Denn Solarworld war seit 1998 im Geschäft, war einer der Pioniere der Photovoltaik. Das sollten wir nicht vergessen: Frank Asbecks Ausbau der Fertigung von Solarwafern, von Zellen oder die Übernahme der Solaraktivitäten von Shell in den USA gehören in die Gründungsannalen unserer Branche wie die Errichtung der Solar-Fabrik in Freiburg durch Georg Salvamoser oder von Q-Cells in Wolfen oder von Ersol in Arnstadt.
Und es war Frank Asbeck, der als Erster eine verlängerte Werkbank in China aufbaute, den späteren Suntech-Konzern von Zengrong Shi. Auch Suntech ist durch die Pleite gegangen, sogar Trina kam zu Jahresbeginn ins Straucheln und musste einen Investor finden.
Die AG wird verschwinden
Und wir sollten Solarworld nicht zu früh abschreiben. Die Insolvenz bedeutet zunächst nicht automatisch die komplette Zerschlagung oder die Einstellung des Geschäftsbetriebs.

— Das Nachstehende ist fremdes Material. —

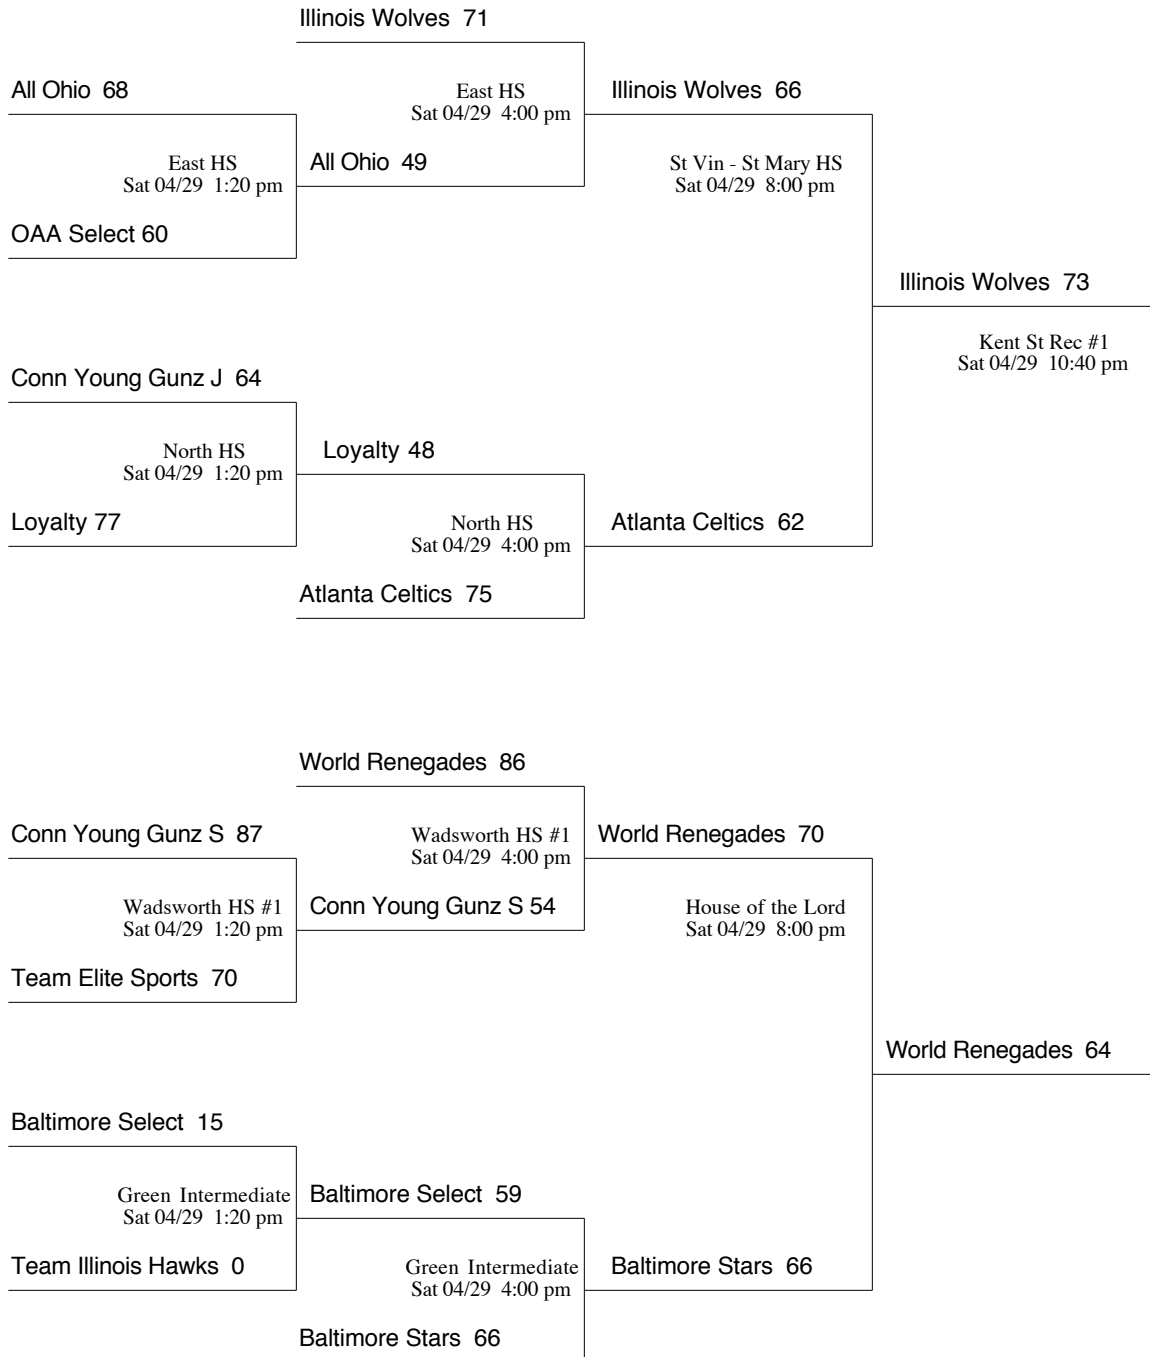

2006
King James
Shooting Stars Classic
17U Division
Bracket #7

- Notations on the bracket indicate each team's pool in which it played and its order of finish.
- In each game, the Home team is the bottom team on the bracket, will wear light colored jerseys, and sit to the left of the scorekeeper facing the court.

Klar dürfte aber sein: Solarworld wird als AG verschwinden, diese Gesellschaftsform hat sich in der Solarbranche wirklich nicht bewährt. Dafür ist die Wertschöpfung in der Modulproduktion einfach zu gering. Dafür ist der Preisdruck zu hoch. Woher sollte eine anständige Rendite kommen? Aus der Fertigung von Solarzellen? Sie war vermutlich einer der Faktoren, die das Betriebsergebnis von Solarworld in die tiefrote Zone zog.
Aleo Solar in Prenzlau, Astronergy (ehemals Conergy) in Frankfurt/Oder, CS Wismar (ehemals Centrosolar), Hörmann ITS Cell (vormals Innotech) in Halle und einige andere Modulhersteller haben sich in der Insolvenz neu aufgestellt, verschlankt und sind nun im Markt erfolgreich – trotz der harten Konkurrenz. Möglicherweise fällt es Frank Asbeck schwer, sein Unternehmen abzuspecken. Aber er hat nun ohnehin nichts mehr zu sagen, das übernehmen andere. Wir wollen hoffen, dass die unternehmerische Substanz dem Markt und der deutschen Solarwirtschaft erhalten bleibt.
Der Job als Geburtshelfer
Noch einmal: Wir sind jetzt bei den 3.000 Mitarbeitern des Unternehmens, die um ihre Arbeitsplätze bangen. Ihnen gilt unsere Solidarität. Wir sind auch bei den Kollegen in Hillsboro in Oregon, wo die Meldung von der Insolvenz des Mutterhauses vermutlich auch über alle Kanäle tobt.
Wir wissen aber zugleich: Am globalen Aufbruch der Photovoltaik wird die Insolvenz von Solarworld nichts ändern. Doch sie verdeutlicht einmal mehr: Die Zeit der Pioniere ist vorbei. Immerhin sei gesagt: Den Job als Geburtshelfer der Photovoltaik hat Frank Asbeck mit seinem Team ganz ordentlich erledigt. So gesehen, schulden wir ihm zumindest Respekt. Wir alle in dieser Branche, die offenbar noch kein Selbstläufer ist.